---- WORKING DATA
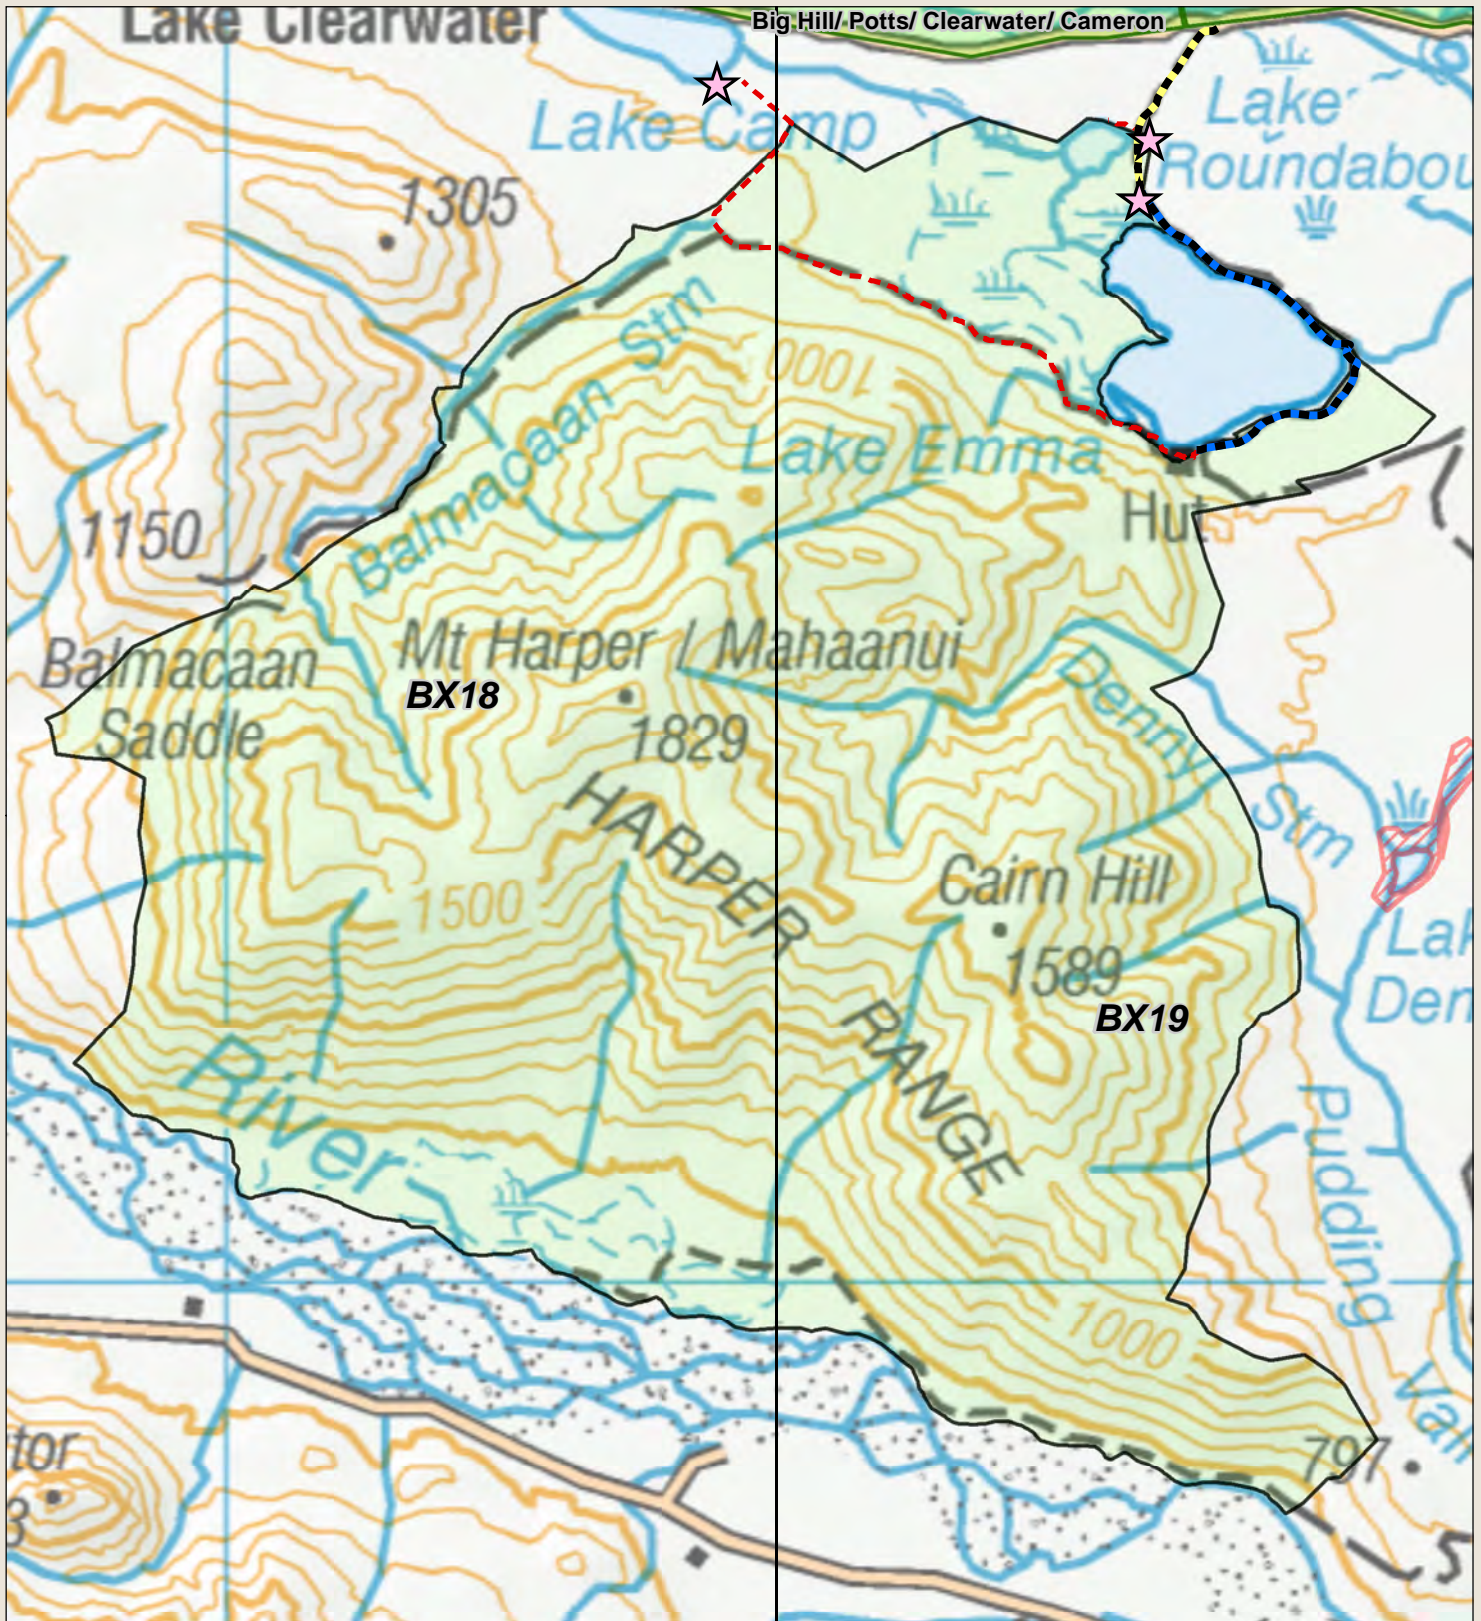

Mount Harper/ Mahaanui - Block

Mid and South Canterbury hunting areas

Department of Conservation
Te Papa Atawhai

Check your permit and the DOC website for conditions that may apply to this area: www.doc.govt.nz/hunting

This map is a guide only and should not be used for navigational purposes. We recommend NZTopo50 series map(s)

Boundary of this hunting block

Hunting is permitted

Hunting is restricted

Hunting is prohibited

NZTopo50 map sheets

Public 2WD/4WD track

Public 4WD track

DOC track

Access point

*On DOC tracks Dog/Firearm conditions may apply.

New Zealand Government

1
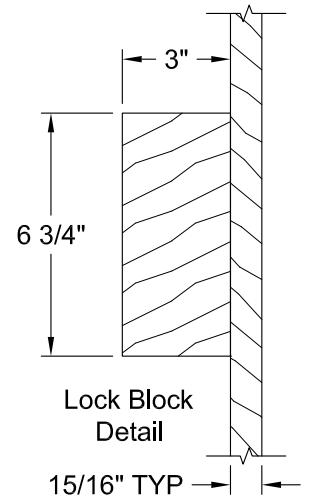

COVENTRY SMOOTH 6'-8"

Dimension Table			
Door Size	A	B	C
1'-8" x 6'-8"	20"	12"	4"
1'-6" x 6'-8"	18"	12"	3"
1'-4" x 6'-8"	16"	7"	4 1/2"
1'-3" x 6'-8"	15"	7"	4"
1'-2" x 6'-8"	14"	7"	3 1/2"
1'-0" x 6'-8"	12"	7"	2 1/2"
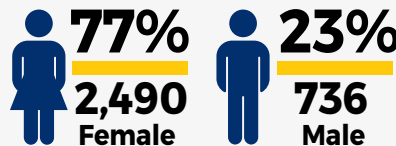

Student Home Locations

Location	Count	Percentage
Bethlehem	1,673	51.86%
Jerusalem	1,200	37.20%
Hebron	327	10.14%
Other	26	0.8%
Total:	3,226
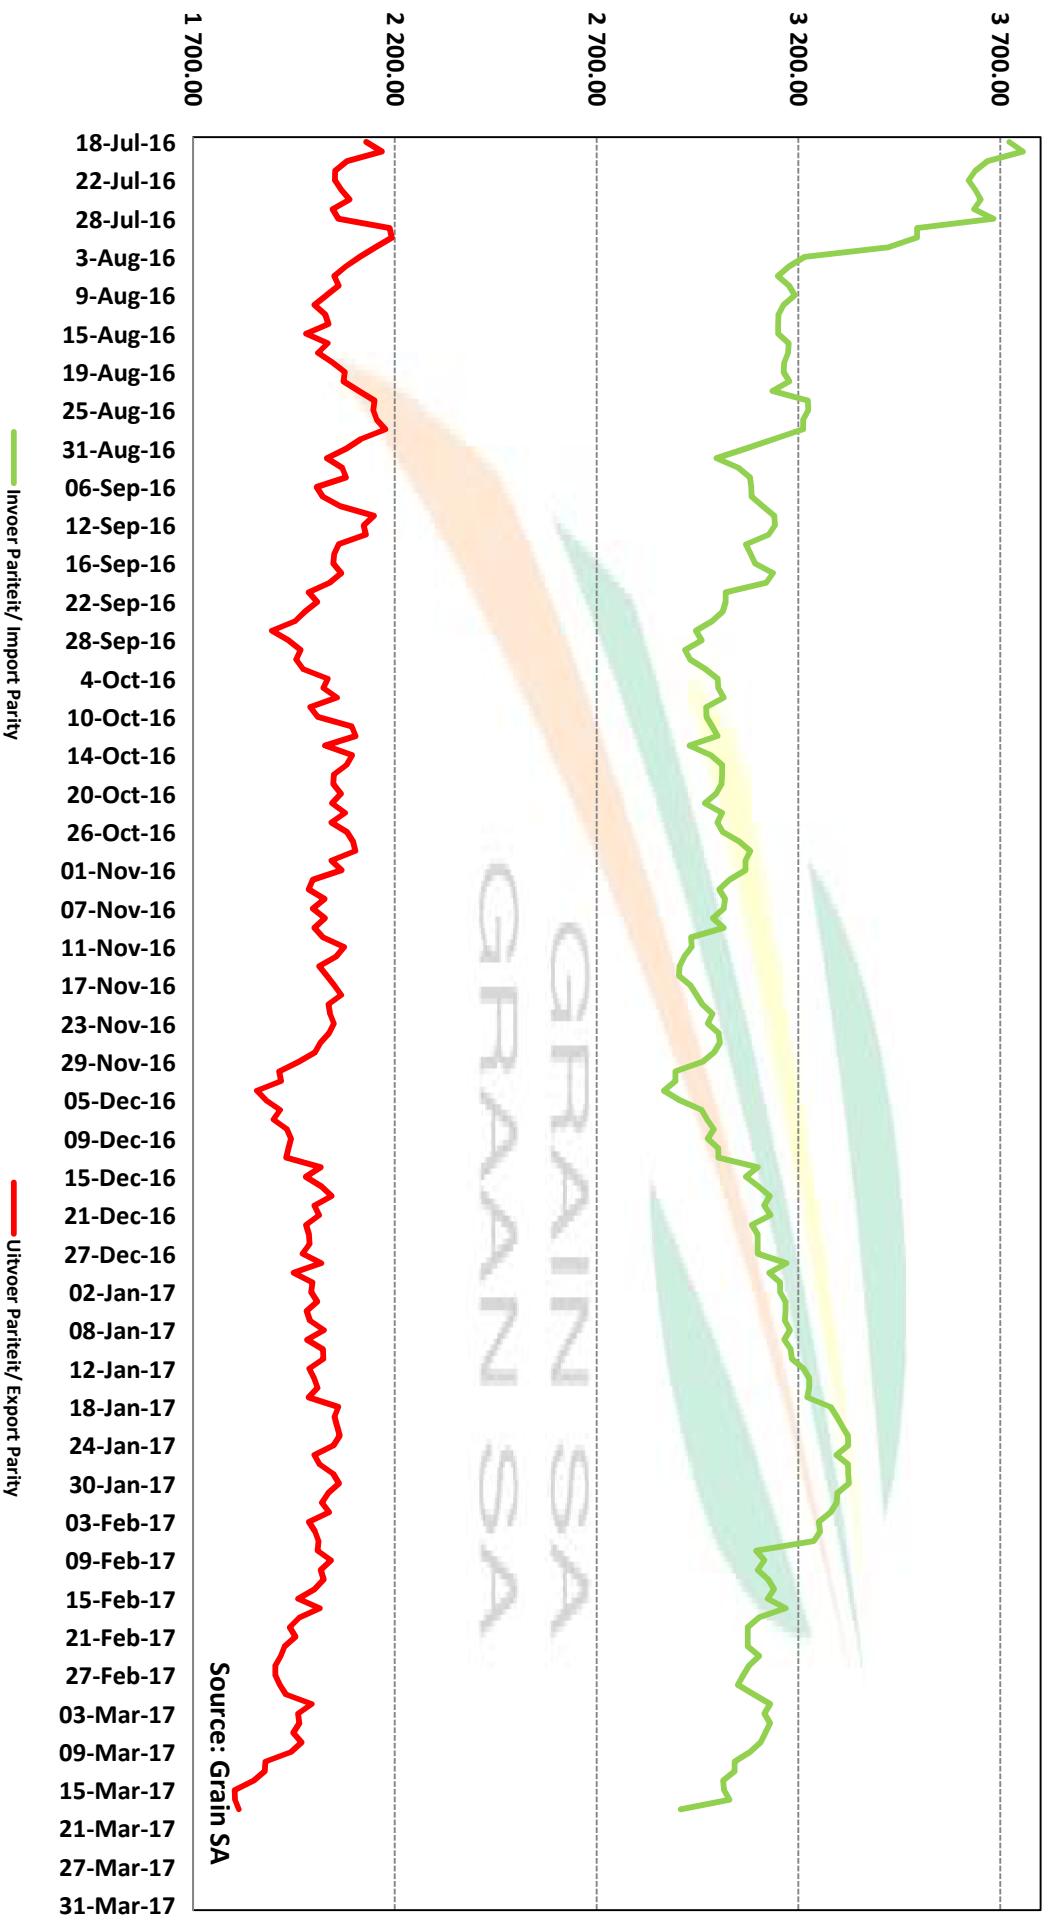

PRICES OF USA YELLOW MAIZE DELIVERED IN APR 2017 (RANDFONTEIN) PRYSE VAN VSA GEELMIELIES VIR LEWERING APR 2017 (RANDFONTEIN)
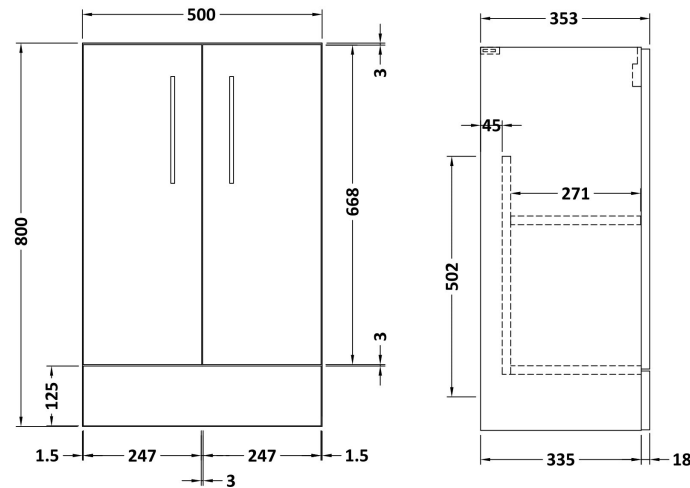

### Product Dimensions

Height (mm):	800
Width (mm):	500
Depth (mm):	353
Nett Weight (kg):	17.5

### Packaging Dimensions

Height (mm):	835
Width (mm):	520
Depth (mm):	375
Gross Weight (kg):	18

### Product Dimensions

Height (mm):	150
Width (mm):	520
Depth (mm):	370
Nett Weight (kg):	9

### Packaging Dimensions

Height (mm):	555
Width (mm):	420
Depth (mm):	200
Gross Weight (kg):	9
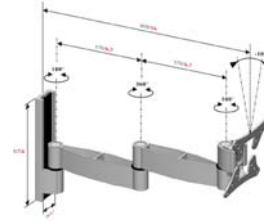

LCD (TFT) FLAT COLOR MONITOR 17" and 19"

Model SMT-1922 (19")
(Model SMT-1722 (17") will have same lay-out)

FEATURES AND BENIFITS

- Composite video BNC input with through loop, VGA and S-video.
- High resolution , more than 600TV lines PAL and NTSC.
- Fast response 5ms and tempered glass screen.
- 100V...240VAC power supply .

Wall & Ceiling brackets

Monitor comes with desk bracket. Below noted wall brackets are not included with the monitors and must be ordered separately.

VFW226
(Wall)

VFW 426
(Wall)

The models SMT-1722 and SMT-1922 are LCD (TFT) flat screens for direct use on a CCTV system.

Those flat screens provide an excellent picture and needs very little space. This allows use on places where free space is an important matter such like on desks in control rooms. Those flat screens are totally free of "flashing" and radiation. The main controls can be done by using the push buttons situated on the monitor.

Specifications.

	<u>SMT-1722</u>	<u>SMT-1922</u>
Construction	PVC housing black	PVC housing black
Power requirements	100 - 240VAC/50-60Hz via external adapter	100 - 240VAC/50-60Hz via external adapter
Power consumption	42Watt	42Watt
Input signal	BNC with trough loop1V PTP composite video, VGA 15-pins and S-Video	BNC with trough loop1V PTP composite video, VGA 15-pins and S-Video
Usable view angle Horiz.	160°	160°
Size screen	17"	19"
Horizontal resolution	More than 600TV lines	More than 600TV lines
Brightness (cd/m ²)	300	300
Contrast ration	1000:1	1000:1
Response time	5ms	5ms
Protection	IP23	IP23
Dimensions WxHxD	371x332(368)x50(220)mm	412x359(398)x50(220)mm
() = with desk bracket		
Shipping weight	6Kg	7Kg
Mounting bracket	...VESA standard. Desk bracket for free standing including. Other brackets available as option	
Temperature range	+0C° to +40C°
--------
Please extract exactly the lines of the data, from the first through the line containing "This map is", and add no pictures to the copy.

**ANSWER SPACE**
Mount Harper/ Mahaanui - Block

Mid and South Canterbury hunting areas

Department of Conservation
Te Papa Atawhai

Check your permit and the DOC website for conditions that may apply to this area: www.doc.govt.nz/hunting

This map is a guide only and should not be used for navigational purposes. We recommend NZTopo50 series map(s)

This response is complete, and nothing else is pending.